*** Opening of Information given ***

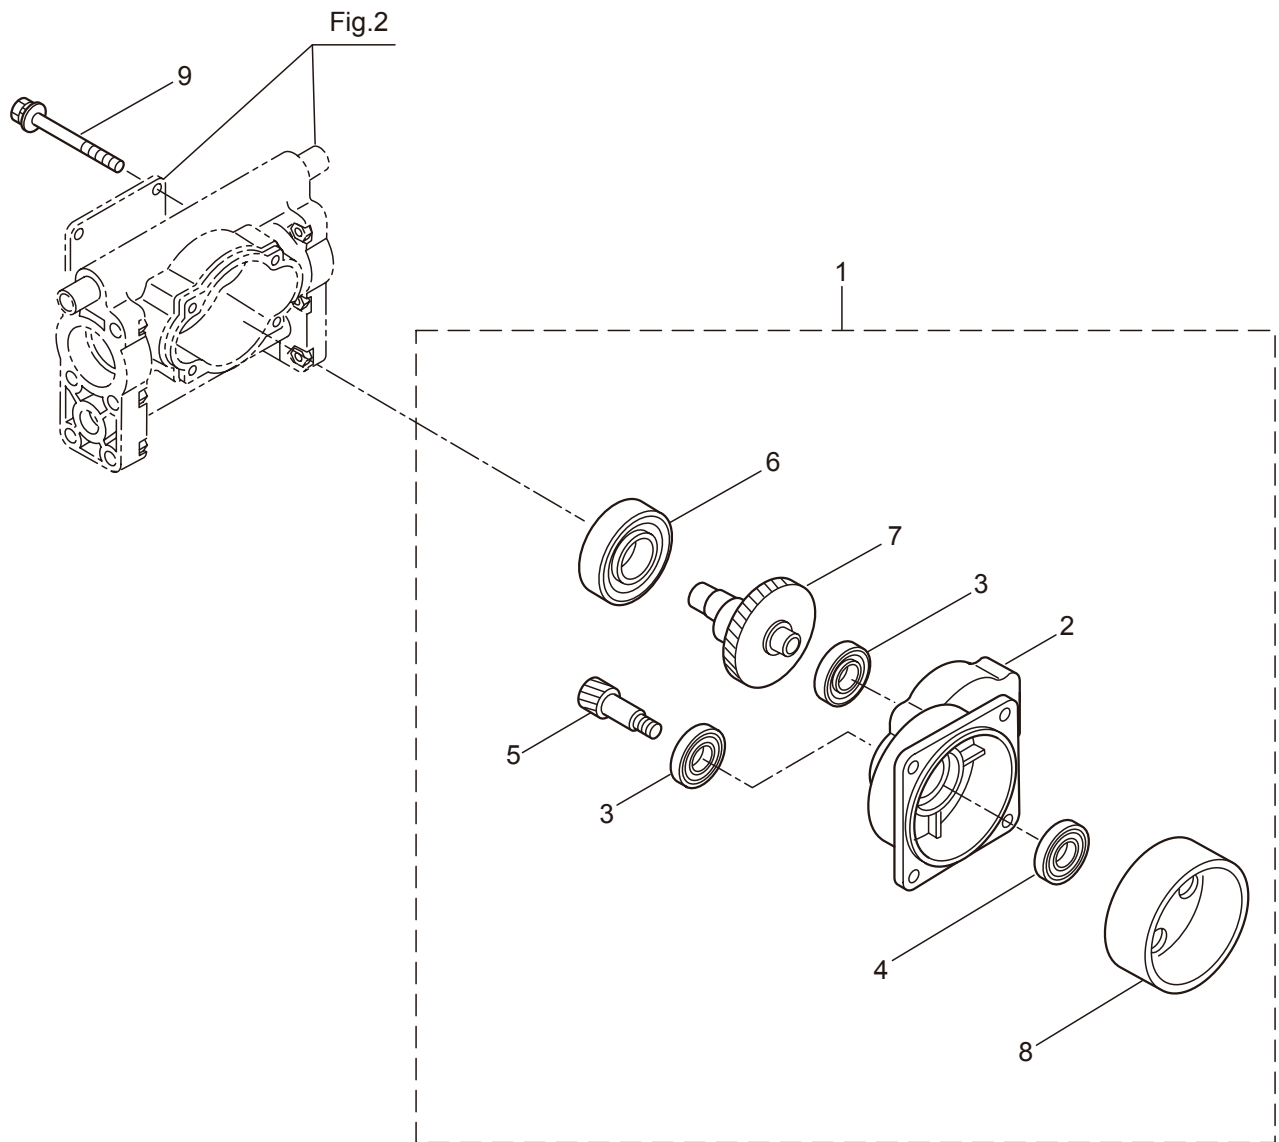

3. MS75E
REDUCTON GEAR

Ref. No.	Part No.	Part Name	Q'ty	Remarks
3-1	125684	Reduction Gear Ass'y	1	Incl.2-8
3-2	125685	Gear Case	1	
3-3	102680	Bearing	2	#6000ZZ
3-4	112184	Bearing	1	#6000DDU
3-5	125686	Pinion Gear	1	
3-6	103144	Bearing	1	#6004ZZ
3-7	125687	Crankshaft	1	
3-8	127367	Clutch Drum	1	
3-9	126059	Bolt	4	M6x60
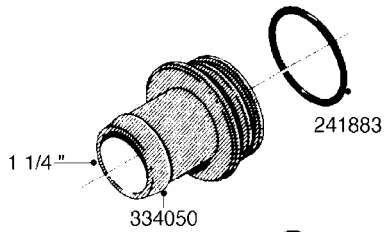

L0080

FITTINGS - S-53
L0080-HIN, 12:09:17

Page 1

Date 04.11.2017 13:15

Pos.	parts-n°	order qty	description
1	145995	1	FITT.DK S-53 FORK
2	241973	1	O-RING Ø3 X 44,2 70 SHORES NITRIL NITRIL (BLACK)
2	242353	1	O-RING D44.2X3.0 VITON F.S-67 VITON (BROWN)
3	242109	1	O-RING D32.2x3.0 NITRIL (BLACK)
3	242354	1	O-RING D32.2X3.0 VITON F.S-53 VITON (BROWN)
4	322103	1	FITT.DK S-53 BULKHEAD
5	322107	1	FITT.DK S-53 BULKHEAD NUT
6	322110	1	FITT.DK S-53 ELB. 1/2" BSP
7	322352	1	FITT.DK S-53 TEE
8	334229	1	FITT.DK S-53 STR.3/4"
9	334260	1	GASKET F. S-53 BULKHEAD
10	334564	1	FITT.DK S-67 TO S-53 ADAPTER
11	391100	1	FITT.DK S-53THREAD INS.1/2"BSP
12	726463	1	FITT.DK S53 BULKHEAD W/GASKET
13	726552	1	FIT.DK S-53X90 1/2" BSP,O-RING
14	726556	1	FITT.DK S-53 HB 1/2" W/O-RING
15	726558	1	FITT.DK S53 STR. 3/4" W.ORING
16	726559	1	FITT DK. S-53 HB 1" W/O-RING
17	726568	1	FITT.DK.S-53 HB 1/2"90 W/ORING
18	726570	1	FITT.DK S-53 ELB.3/4" W.ORING
19	726571	1	FITT.DK S-53 ELB.1", W ORING
20	726578	1	FITT.DK S53 PLUG WITH O-RING
21	728561	1	REDUCER S67M - S53F + O-RING
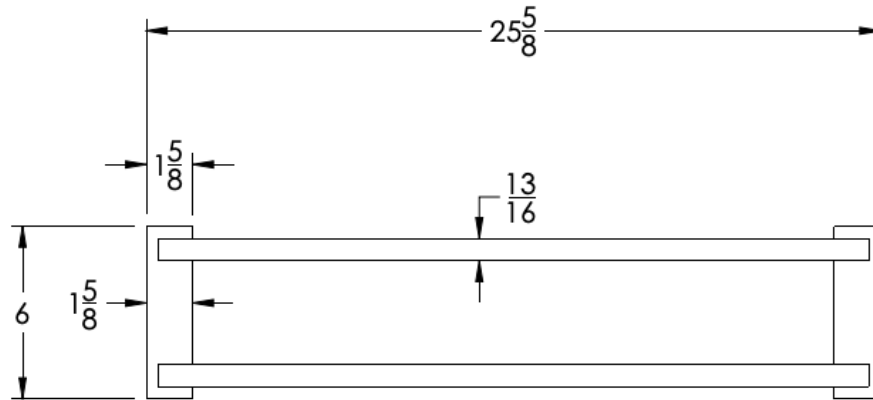

COLLECTION ICONIC

TOWEL RACK WITH BAR

Model	Product	Finishes Available
ICN-TRKB24	Towel Rack With Bar	Multiple finishes available. Over 23 finishes to choose from.

FINISHES

Polished (-P)	Antique Copper (-ACOP)	Polished Gold (-PGLD)
Brushed (-B)	Polished Brass (-PBRS)	Brushed Copper (-BCOP)
Brushed Gold (-BGLD)	Matte White (-WHT)	Brushed Rose Gold (-BRGD)
Matte Black (-BLK)	Brushed Modern Bronze (-BMBRZ)	Brushed Black (-BRBLK)
Oil Rubbed Bronze (-ORB)	Glossy White (-GWHT)	Polished Black (-PBLK)
Brushed Brass (-BBRS)	Polished Rose Gold (-PRGD)	Antique Nickel (-ANKL)
Brushed Bronze (-BBRZ)	Unlacquered Brass (-UBRS)	Black Nickel (-NKBL)
Antique Brass (-ABRS)	Polished Nickel (-PNKL)	

Dimensions in inches

FRONT

TOP

SIDE

NOTE: Dimensions subject to change without notice.

*** Close of Information given ***

Each line from the first line of the entries through the line containing "NITRIL NITRIL (BLACK)" should be duplicated word for word, and nothing more; the pictures stay out.

3. MS75E
REDUCTON GEAR

Ref. No.	Part No.	Part Name	Q'ty	Remarks
3-1	125684	Reduction Gear Ass'y	1	Incl.2-8
3-2	125685	Gear Case	1	
3-3	102680	Bearing	2	#6000ZZ
3-4	112184	Bearing	1	#6000DDU
3-5	125686	Pinion Gear	1	
3-6	103144	Bearing	1	#6004ZZ
3-7	125687	Crankshaft	1	
3-8	127367	Clutch Drum	1	
3-9	126059	Bolt	4	M6x60

L0080

FITTINGS - S-53
L0080-HIN, 12:09:17

Page 1

Date 04.11.2017 13:15

Pos.	parts-n°	order qty	description
1	145995	1	FITT.DK S-53 FORK
2	241973	1	O-RING Ø3 X 44,2 70 SHORES NITRIL NITRIL (BLACK)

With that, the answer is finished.